The other servant, the one who’d shown Bess into the room, clapped her hand to her mouth.
“Fetch me the freshest water available and some clean cloths,” Bess said to the girl before she could faint. She happily scurried off.
Bess dropped the soiled cloth to the ground and drew the satchel near, taking out the jar of salve and squares of linen. Placing another stool across from her patient, Bess sat and pressed a wad of linen to the wound to stem the bleeding.
“I’m clumsy, I am,” said the girl, her face averted.
“I shall try to save your finger.”
Horror made her blanch. “I might lose it?”
“Not if I can prevent it.”
Hearing footsteps on the flags outside the room, Bess turned, expecting to see the servant returning with the water. Instead, a woman in a silver-gray taffeta gown banded with black velvet stood in the doorway. She was tall, with a sweep of auburn hair held in place beneath her coif by pearl-encrusted pins. As she moved, the scent of rosemary lifted from her clothes.
Bess made to stand.
“Do not rise, Mistress. And many good thanks for getting here so quickly,” she said, though she’d no need to thank a woman of Bess’s standing for answering the summons of a woman of hers.
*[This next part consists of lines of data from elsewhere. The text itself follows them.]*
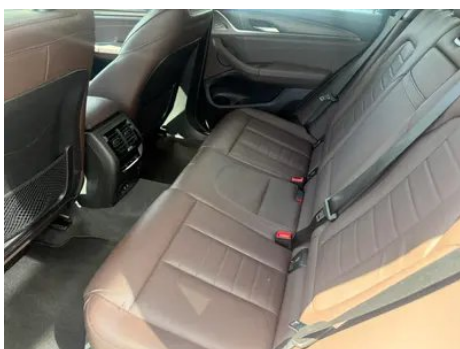

Vehicle Detail Report

BMW X3 2021 xDrive28i M Sports suit

Basic Information

Brand	BMW
Mileage	56,000 km
Color	Black
First Registration	2021-01-01
Transfer Count	0

Vehicle Images

Vehicle Condition

1. Left rocker panel, Scratch damage.
2. Right rocker panel, Scratch damage.
3. Left rear quarter panel, Scratch.
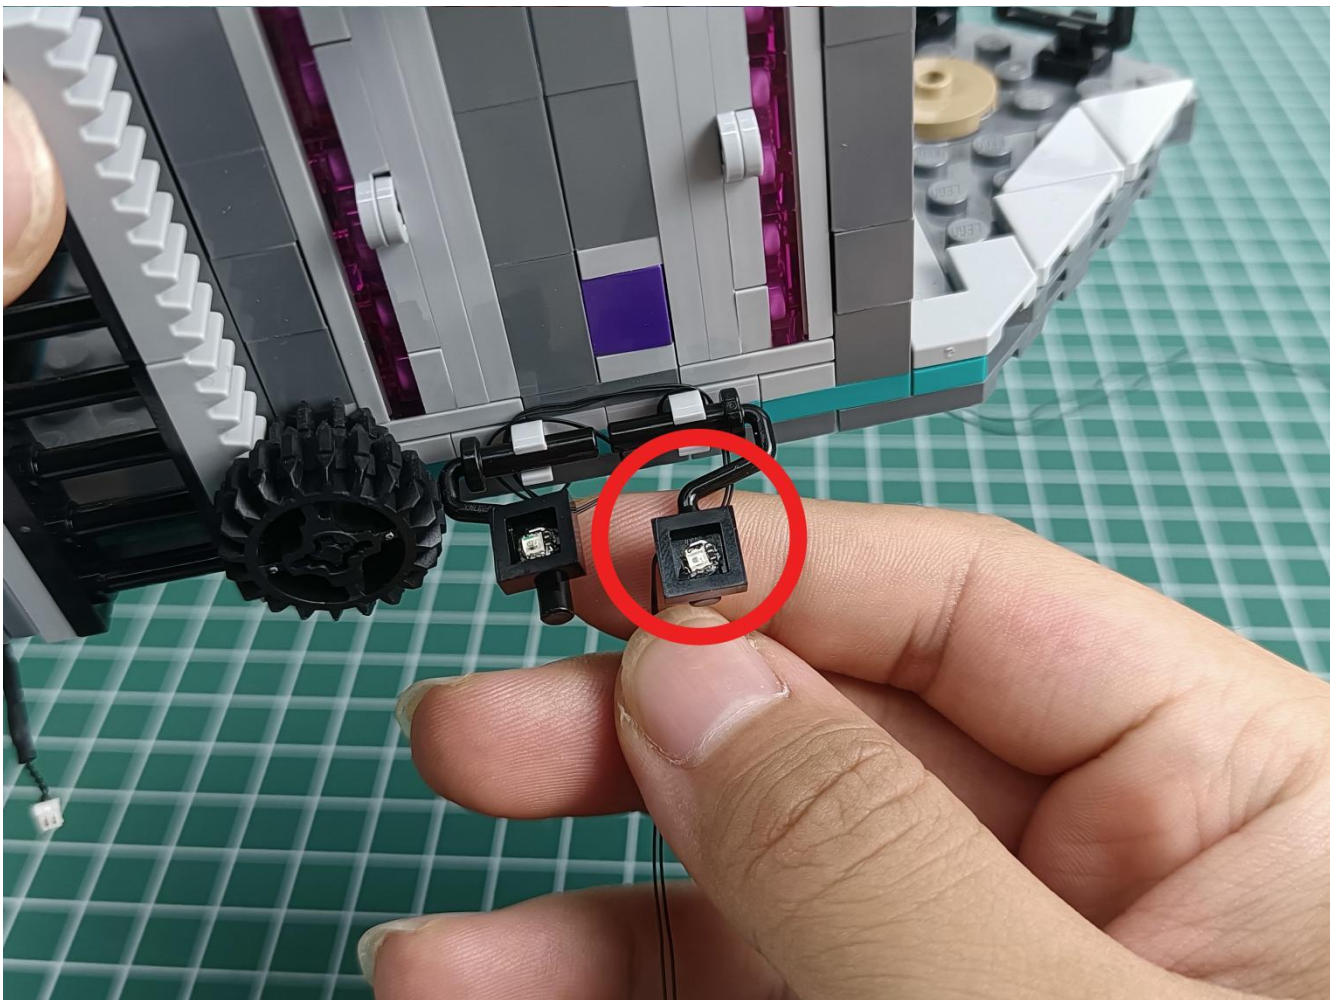

Connect the USB power cord to the battery box.

Take out the 4 expansion boards from the No. 5 bag.

Please pay more attention and carefully using the connector for it is small. The “=” of the 2P interface is aligned with the “=” of the expansion board. The “=” on the expansion board refers to the two outside solder joints, not the two metal pins inside the jack.

Please be careful when installing since the lamp thread is slender. Cannot be pressed against the raised position of the building block. It should pass along the gap, otherwise the lamp wire will be pinched.

Step 2 : Installation

start installation:

Complete install and plug in the power to try it.

Above creative ideas and instructions are provide by our designers.

But we treasure your suggestions or opinions on below.
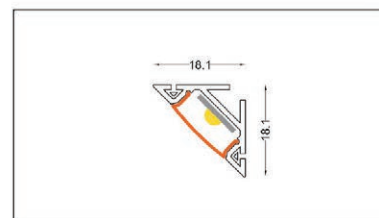

# LIGHTING

Max Lumen	Light Num	Height	Wide	Lenght	Color	Diffuser	Material
400 l/m	1 light	7 mm	16 mm	300 cm	white & black	polycarbonate	aluminum 6063

Max Lumen	Light Num	Height	Wide	Lenght	Color	Diffuser	Material
400 l/m	1 light	6 mm	16 mm	300 cm	white & black	polycarbonate	aluminum 6063

Max Lumen	Light Num	Height	Wide	Lenght	Color	Diffuser	Material
400 l/m	1 light	14 mm	16 mm	300 cm	white & black	polycarbonate	aluminum 6063

Max Lumen	Light Num	Height	Wide	Lenght	Color	Diffuser	Material
400 l/m	1 light	18 mm	18 mm	300 cm	white & black	polycarbonate	aluminum 6063
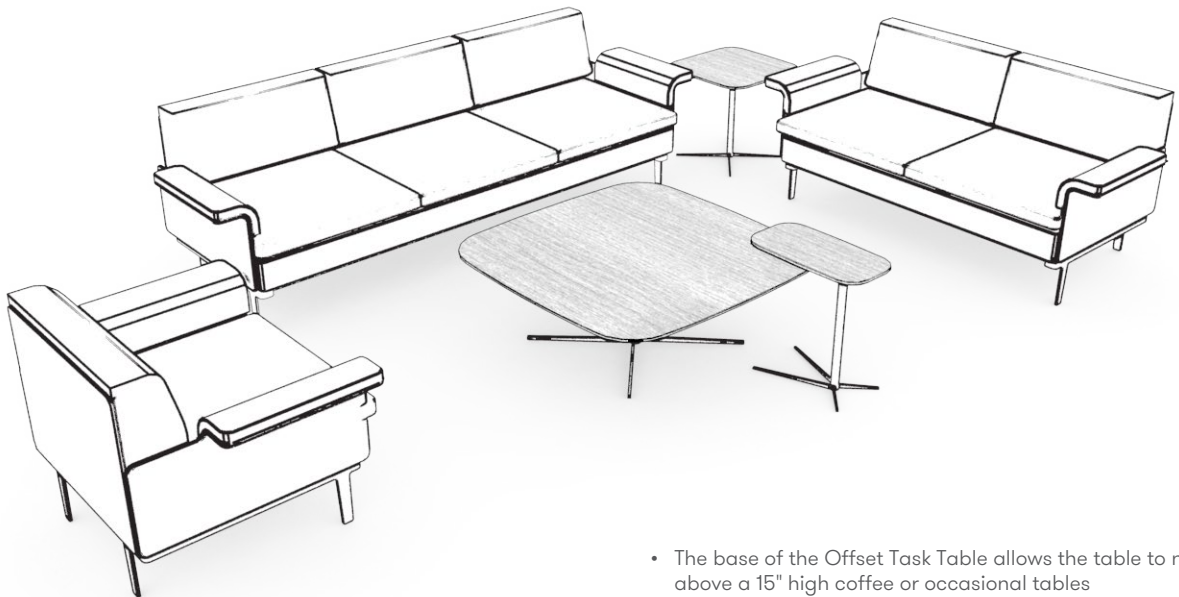

envita

Envita tables are available in a variety of heights and finishes and can be integrated with all Studio TK collections.

- The base of the Offset Task Table allows the table to nest above a 15" high coffee or occasional tables

dimensions

Note When marble is selected, add 1/4" thickness to table top

STMTC envita occasional table

Product Options

Height	Surface Finish	Edge Trim Style	Base Finish
A 15 1/2" / 38cm	N Studio Veneer	8 Flat Trim	C6 Chrome
C 18 1/2" / 47cm	A Foundation Laminate	G Flat Edge	Foundation Paint
	M Solid Surface		Fashion Paint
	L Leather		
	F Marble		
	G Glass		
	BP Backpainted Glass		

Note For Fundamental Paint, add \$0
 For Fashion Paint, add \$25
 For Chrome, add \$500

Table

	Foundation Laminate	Leather	Studio Veneer	Solid Surface	Backpainted Glass	Marble	Glass
A 15 1/2" / 38cm	925	1095	1295	1395	1595	1295	1595
C 18 1/2" / 47cm	975	1145	1345	1445	1645	1345	1645

Note For Fundamental Paint, add \$0
 For Fashion Paint, add \$25
 For Chrome, add \$200

Table

	Foundation Laminate	Leather	Studio Veneer	Solid Surface	Backpainted Glass	Marble	Glass
B 19 3/4" / 50cm	795	895	995	995	1295	1195	1295
D 26" / 66cm	845	945	1045	1045	1345	1245	1345
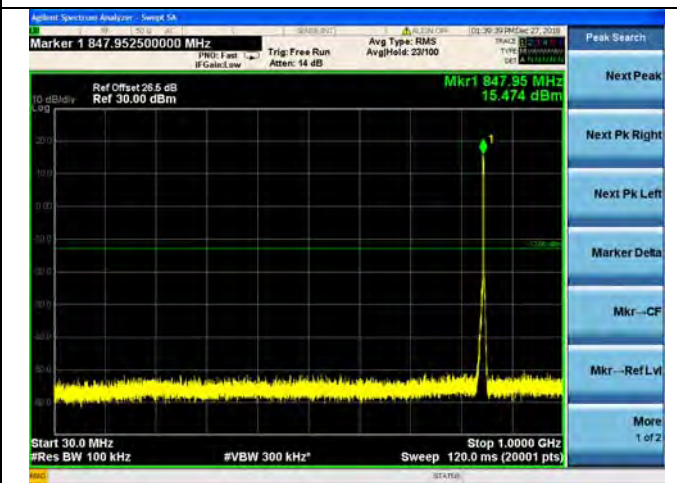

LTE Band 5 3MHz BW High Channel

QPSK

16QAM

64QAM

LTE Band 5 5MHz BW Low Channel

QPSK

16QAM

64QAM

LTE Band 5 5MHz BW Mid Channel

QPSK

16QAM

64QAM

LTE Band 5 5MHz BW High Channel

QPSK

16QAM

64QAM
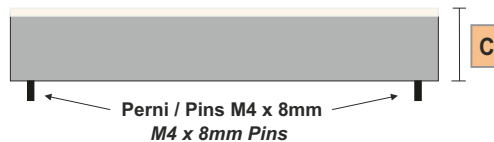

GERE Flat Dome Lamps

Pannelli retro illuminati per telecamere, illuminatori a luce diffusa, uso fisso o impulsivo - Back lit panels for cameras, diffused light illuminators, fixed or impulsive use

Mod. GERE	Lunghezza Length	Altezza Height	Spessore Thickness	Tensione alimentazione Supply voltage	Corrente alimentazione standard Standard supply current	Potenza assorbita Power consumption	Flusso luminosità generata tipica Typical luminous flux	illuminazione tipica Typical Lighting	Range temperatura lavoro Working temperature range
GERE3030-6K-H3 GERE3030-6K-H4 GERE3030-6K-H6	30 cm	30 cm	4,5 cm	24Vdc +/- 10%.	1040 mA	25,0 W	3450 lumen	5000 cd/m2	Da 0(no frost) a +45°C
GERE4030-6K-H3 GERE4030-6K-H4 GERE4030-6K-H6	40 cm	30 cm	4,5 cm		1440 mA	34,0 W	5100 lumen	5000 cd/m2	
GERE4040-6K-H3 GERE4040-6K-H4 GERE4040-6K-H6	40 cm	40 cm	4,5 cm		2000 mA	48,0 W	7200 lumen	5000 cd/m2	
GERE5020-6K-H3 GERE5020-6K-H4 GERE5020-6K-H6	50 cm	20 cm	4,5 cm		1120 mA	27,0 W	4050 lumen	5000 cd/m2	
GERE6020-6K-H3 GERE6020-6K-H4 GERE6020-6K-H6	60 cm	20 cm	4,5 cm		1440 mA	34,0 W	5100 lumen	5000 cd/m2	
GERE5050-6K-H3 GERE5050-6K-H4 GERE5050-6K-H6	50 cm	50 cm	4,5 cm		2880 mA	69,0 W	10.350 lumen	5000 cd/m2	
GERE6060-6K-H3 GERE6060-6K-H4 GERE6060-6K-H6	60 cm	60 cm	4,5 cm		4480 mA	107,5 W	16.125 lumen	5000 cd/m2	
CUSTOM									From 0(no frost) To +45°C

FORO PER TELECAMERA
HOLE FOR CAMERA
H3 (30mm) / H4 (40mm) / H6 (60mm)

Pannello alluminio copertura plexiglass 5mm
Aluminium panel with 5mm plexiglass cover

fissaggio standard
standard fixing

Genesi LUX[®] a division of
Genesi Elettronica srl

“I would not delay attending to a patient, madam.”
The other girl returned with a basin of water and a stack of cloths, which she set next to Bess’s satchel, then once again fled.
Bess dipped a cloth into the water and daubed the servant girl’s cut. Blood dripped onto the tiled floor.
“You are good to have come nonetheless, Mistress Ellyott,” said Mistress Langham. “And at such a sorrowful time for your family.”
“What better way is there to mend any sorrow than by striving to heal the living?”
“That may be so, but I remain astonished you did not refuse a summons that came from Langham Hall.”
She looked over at Mistress Langham. Why send for me, if you thought I would refuse? Bess had forgotten her Christian name—Ellynor? Helen?—and at that moment it seemed important to remember. “I regret any past ill will between our families, madam.”
“What of any current ill will?” the woman asked.
The servant girl whimpered; Bess must have pressed upon her wound with too great of a force. Abashed, she lowered her gaze and collected her stitching quill and thread.
“I know naught of any current ill will,” said Bess. From beneath her lowered eyelids, she noticed Mistress Langham twisting the emerald ring she wore. She was no more comfortable with this encounter than Bess. “I do fret, though, for my niece Margery’s contentment.”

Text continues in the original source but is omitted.